Your goal: From the records below, please repeat exactly the line that has "Installation type : Full-integrated", the line that has "- doorOpen Assist", and every line between them, and nothing else.

Listed records:
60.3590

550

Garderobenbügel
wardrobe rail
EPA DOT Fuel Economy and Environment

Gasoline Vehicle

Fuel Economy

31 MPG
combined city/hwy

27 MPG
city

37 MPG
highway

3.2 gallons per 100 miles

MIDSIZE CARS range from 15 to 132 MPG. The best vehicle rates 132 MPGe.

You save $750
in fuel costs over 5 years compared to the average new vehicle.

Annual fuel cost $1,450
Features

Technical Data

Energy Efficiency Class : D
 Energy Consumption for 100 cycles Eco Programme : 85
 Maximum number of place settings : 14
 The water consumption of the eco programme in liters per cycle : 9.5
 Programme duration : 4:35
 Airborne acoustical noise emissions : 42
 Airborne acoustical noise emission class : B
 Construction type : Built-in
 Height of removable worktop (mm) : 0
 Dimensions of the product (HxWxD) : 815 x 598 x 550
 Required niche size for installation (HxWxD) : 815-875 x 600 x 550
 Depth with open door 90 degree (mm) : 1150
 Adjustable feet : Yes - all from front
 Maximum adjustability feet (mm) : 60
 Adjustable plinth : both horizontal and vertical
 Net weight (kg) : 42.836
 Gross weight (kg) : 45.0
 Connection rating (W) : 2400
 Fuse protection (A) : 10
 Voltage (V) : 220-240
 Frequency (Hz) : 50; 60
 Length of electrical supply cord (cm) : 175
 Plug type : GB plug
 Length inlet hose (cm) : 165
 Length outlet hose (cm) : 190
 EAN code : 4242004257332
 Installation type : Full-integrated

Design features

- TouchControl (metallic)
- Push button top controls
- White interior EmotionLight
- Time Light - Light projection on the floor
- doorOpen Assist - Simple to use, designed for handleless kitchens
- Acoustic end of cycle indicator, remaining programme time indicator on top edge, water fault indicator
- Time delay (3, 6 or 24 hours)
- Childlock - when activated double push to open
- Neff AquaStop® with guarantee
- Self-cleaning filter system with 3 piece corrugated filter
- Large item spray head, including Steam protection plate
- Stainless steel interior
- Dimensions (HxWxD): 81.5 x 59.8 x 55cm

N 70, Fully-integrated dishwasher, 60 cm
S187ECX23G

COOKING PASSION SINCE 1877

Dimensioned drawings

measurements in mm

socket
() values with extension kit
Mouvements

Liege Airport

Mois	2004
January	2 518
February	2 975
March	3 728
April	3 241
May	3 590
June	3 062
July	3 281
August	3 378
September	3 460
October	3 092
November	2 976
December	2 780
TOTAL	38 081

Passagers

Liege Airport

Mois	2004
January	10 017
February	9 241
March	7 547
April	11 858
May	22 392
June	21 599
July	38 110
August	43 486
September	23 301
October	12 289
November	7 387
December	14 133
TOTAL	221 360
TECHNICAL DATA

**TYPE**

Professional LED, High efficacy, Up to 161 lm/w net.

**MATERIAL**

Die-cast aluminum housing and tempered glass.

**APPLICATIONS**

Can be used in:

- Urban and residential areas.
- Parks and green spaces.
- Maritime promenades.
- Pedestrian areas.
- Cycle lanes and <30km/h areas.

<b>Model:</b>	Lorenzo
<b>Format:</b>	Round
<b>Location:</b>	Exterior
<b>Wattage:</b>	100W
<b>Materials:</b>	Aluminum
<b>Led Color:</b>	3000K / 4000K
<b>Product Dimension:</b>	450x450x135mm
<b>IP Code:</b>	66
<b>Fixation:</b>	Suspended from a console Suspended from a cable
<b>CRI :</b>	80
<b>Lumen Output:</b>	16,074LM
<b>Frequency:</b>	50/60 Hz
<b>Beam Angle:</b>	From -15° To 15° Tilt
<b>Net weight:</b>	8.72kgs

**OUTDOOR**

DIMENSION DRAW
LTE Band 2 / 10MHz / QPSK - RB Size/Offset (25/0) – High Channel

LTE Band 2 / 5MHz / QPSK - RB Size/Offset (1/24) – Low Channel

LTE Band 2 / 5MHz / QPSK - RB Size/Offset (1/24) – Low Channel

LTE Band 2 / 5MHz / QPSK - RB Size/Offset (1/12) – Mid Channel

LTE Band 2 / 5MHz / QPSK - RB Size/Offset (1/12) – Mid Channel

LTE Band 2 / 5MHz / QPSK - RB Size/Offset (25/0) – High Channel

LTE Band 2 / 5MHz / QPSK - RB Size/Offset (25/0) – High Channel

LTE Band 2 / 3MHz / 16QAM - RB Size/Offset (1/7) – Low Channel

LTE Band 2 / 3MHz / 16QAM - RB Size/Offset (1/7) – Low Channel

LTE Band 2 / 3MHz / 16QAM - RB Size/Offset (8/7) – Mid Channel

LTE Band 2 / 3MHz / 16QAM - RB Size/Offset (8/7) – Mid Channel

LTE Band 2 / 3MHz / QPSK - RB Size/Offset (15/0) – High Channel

--

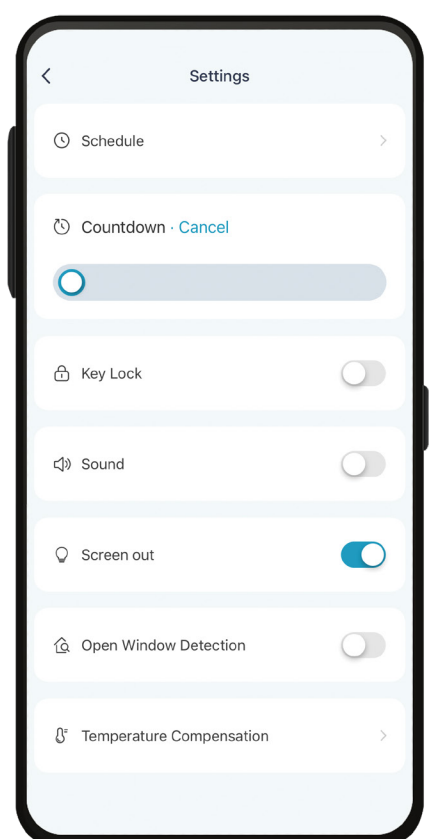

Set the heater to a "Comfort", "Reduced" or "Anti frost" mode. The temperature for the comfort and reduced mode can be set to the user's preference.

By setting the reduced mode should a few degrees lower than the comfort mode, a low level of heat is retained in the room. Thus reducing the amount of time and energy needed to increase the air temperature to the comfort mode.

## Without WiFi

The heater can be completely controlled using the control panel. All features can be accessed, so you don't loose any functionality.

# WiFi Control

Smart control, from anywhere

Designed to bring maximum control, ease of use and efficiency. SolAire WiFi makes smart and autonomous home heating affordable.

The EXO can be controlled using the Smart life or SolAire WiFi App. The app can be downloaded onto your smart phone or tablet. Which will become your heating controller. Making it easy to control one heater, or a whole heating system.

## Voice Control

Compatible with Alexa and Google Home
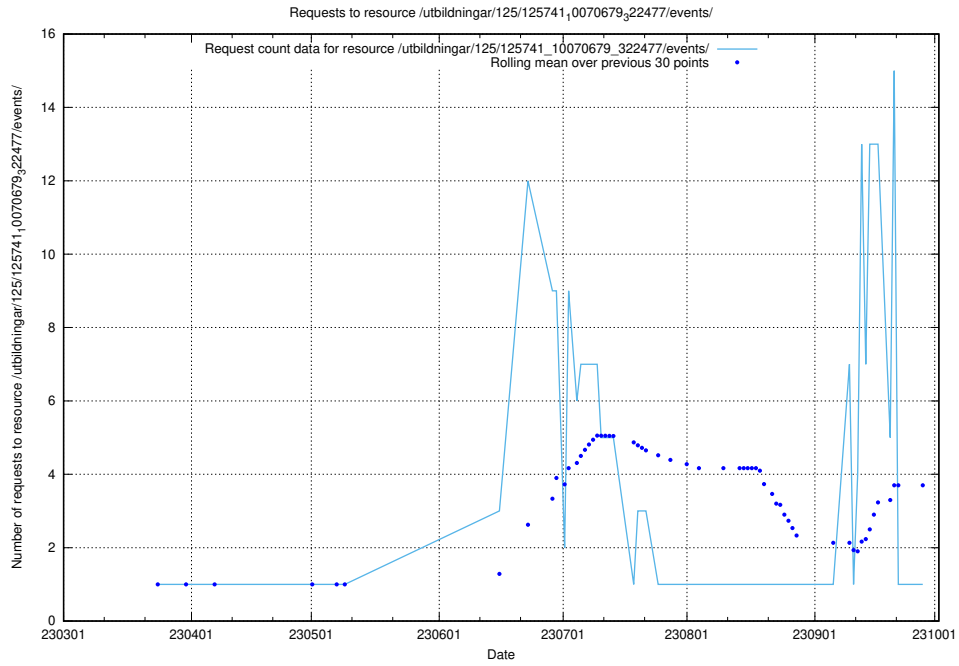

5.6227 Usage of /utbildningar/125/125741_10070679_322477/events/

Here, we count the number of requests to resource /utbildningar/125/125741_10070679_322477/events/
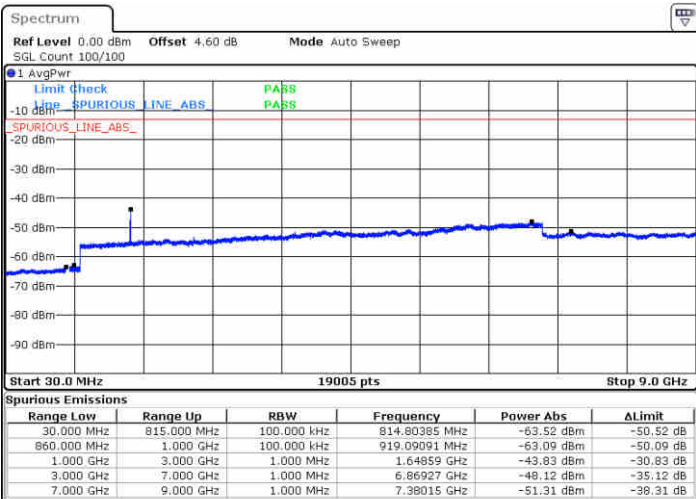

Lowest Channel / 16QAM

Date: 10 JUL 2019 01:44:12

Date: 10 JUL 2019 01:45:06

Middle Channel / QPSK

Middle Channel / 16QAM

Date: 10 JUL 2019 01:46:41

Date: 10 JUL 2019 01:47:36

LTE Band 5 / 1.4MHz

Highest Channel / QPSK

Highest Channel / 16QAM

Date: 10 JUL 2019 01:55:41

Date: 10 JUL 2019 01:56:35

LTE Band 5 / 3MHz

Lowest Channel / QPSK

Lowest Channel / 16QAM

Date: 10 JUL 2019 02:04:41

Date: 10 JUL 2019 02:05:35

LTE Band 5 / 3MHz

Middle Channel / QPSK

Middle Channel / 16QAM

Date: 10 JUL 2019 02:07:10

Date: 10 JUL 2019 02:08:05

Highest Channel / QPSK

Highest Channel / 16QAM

Written solution:
 Installation type : Full-integrated

Design features

- TouchControl (metallic)
- Push button top controls
- White interior EmotionLight
- Time Light - Light projection on the floor
- doorOpen Assist - Simple to use, designed for handleless kitchens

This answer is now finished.